Better make them good, in other words.
And fortunately, I’ve been cooking a ton this week, now that I have a little extra time. I can’t wait to share the recipes with you come January. I’m especially stockpiling them to schedule while I’m away in Thailand. (Have you been before? Share tips! We’ll be in Bangkok, Chiang Mai, and Krabi.)

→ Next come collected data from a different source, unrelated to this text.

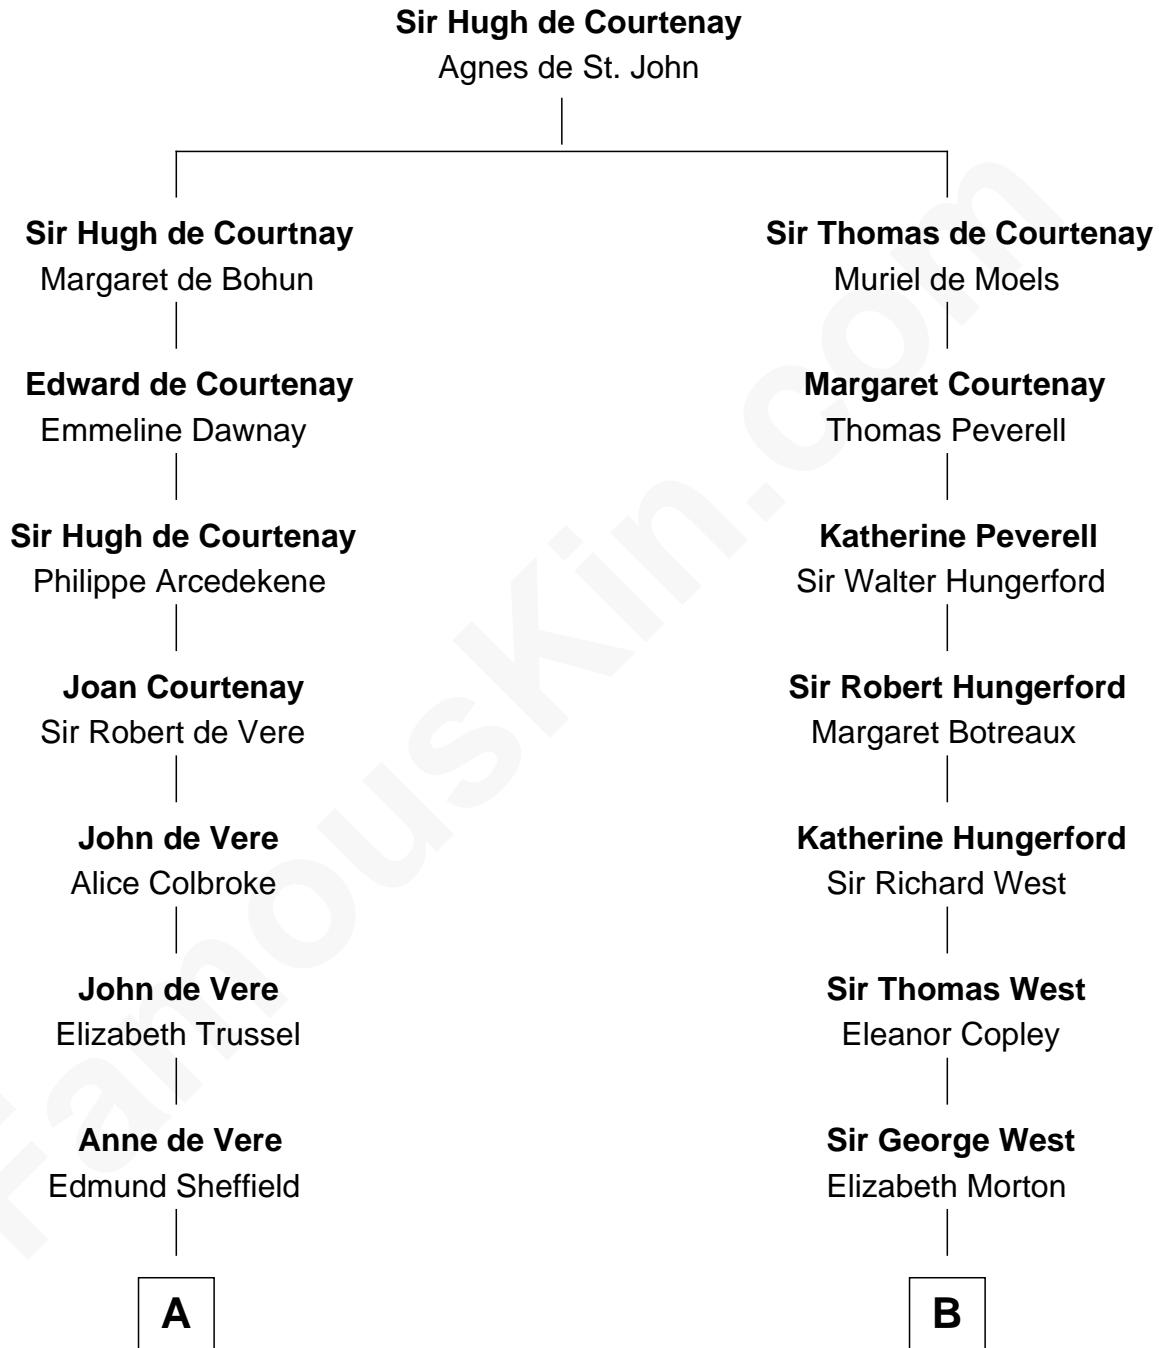

## Relationship Chart of

### Cara Delevingne

*Fashion Model and Movie Actress*

19th cousin 1 time removed of

### Ray Bradbury

*Author of The Martian Chronicles*

**C**

**John Vincent Sheffield**  
Anne Margaret Faudel-Phillips

**Jane Armyne Sheffield**  
Sir Jocelyn Edward Greville Stevens

**Pandora Anne Stevens**  
Charles Hamar Delevingne

Finally, I picked this awesome, gooey blue cheese dip, which is fantastic and fantastically easy. Some friends made it at a party they threw a while ago. These are foodie friends, and they always know the best spots to eat out at, and they make the coolest recipes. When we arrived, they had cheese dip bubbling on the stove. I hate cheese dip, normally–that artificial taste of movie-theater nachos. This dip, though it looked like fake cheese, tasted like real cheese.They referred me to the recipe, from Serious Eats, and I’ve made it a few times for parties since then. It always goes over well. For a festive change for the holidays, this time I stirred in blue cheese along with the standard cheddar, and the result is a dip that would make any buffalo-wing lover blush. I figure you can whisk this together this for family time in front of the TV, or for a Christmas Eve or Christmas party, or for a New Year’s Eve cocktail spread. Yum.
More Gooey Dips:
Cheesy White Bean Dip from Big Girls, Small Kitchen
Guacamole from Big Girls, Small Kitchen
Southwestern Artichoke Dip with Sweet Corn and Cayenne from Big Girls, Small Kitchen
Three Onion Dip from Big Girls, Small Kitchen
Pizza Dip from YumSugar
Hot Blue Cheese Dip with Sweet Potato Chips
Serves a crowd
Adapted from Serious Eats
I used Food Should Taste Good’s Sweet Potato chips as dippers, since their slight sweetness matches really well with the blue cheese. Other good candidates include: pears, celery, kettle-fried sweet potato or regular potato chips.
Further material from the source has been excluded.